(Stored items)

---*---

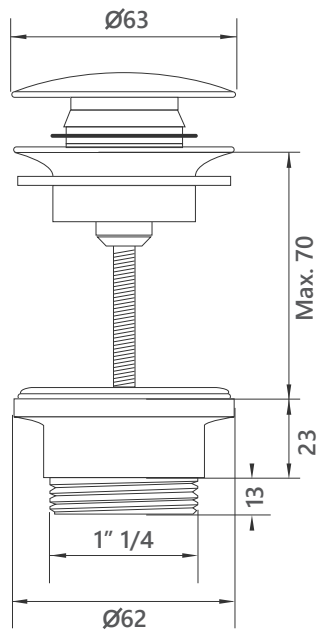

# DIMENSIONAL DRAWING

Range: Latitude

Product Code: LA.111

Description: Extended single lever monobasin mixer with waste

All measurements are in mm

## Supplied with:

Product Code: BW.210.66

Description: Basin waste with adaptable installation for click clack (push up/down) or free flow locked position. Suitable for slotted and unslotted basins.

Drill hole diameter: 35mm
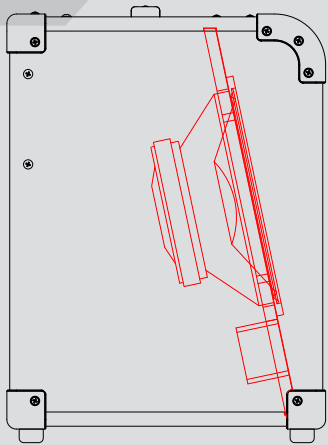

MAX[®] 300

MAX[®] 250

MAX[®] 150

MAX[®] 100

MAX PORTABILITY

Enjoy the best in class power-to-weight ratio. Our team carefully selected lightweight woods, utilized an efficient power amp, and tended to every design aspect to maximize portability.

MAX YOU

With MAX, you will hear yourself loud and clear with no need to tilt your amp back. Thanks to the MAX's angled baffle design, the sound is directed right where you want it.

ANGLED BAFFLE
DESIGN

MAX® 208
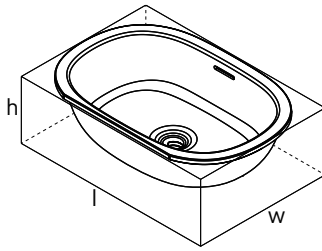

l = 531mm/20⁷/₈"
w = 351mm/13³/₄"
h = 171mm/6³/₄"

UB-BAR-53 Barcelona 21" x 14" Undermount Oval Lavatory Sink

---*---

* ABOUT THIS TASK *
All entries should be reproduced exactly; no picture belongs in the result.

* YOUR RESPONSE *
# DIMENSIONAL DRAWING

Range: Latitude

Product Code: LA.111

Description: Extended single lever monobasin mixer with waste

All measurements are in mm

## Supplied with:

Product Code: BW.210.66

Description: Basin waste with adaptable installation for click clack (push up/down) or free flow locked position. Suitable for slotted and unslotted basins.

Drill hole diameter: 35mm

MAX[®] 300

MAX[®] 250

MAX[®] 150

MAX[®] 100

MAX PORTABILITY

Enjoy the best in class power-to-weight ratio. Our team carefully selected lightweight woods, utilized an efficient power amp, and tended to every design aspect to maximize portability.

MAX YOU

With MAX, you will hear yourself loud and clear with no need to tilt your amp back. Thanks to the MAX's angled baffle design, the sound is directed right where you want it.

ANGLED BAFFLE
DESIGN

MAX® 208

l = 531mm/20⁷/₈"
w = 351mm/13³/₄"
h = 171mm/6³/₄"

UB-BAR-53 Barcelona 21" x 14" Undermount Oval Lavatory Sink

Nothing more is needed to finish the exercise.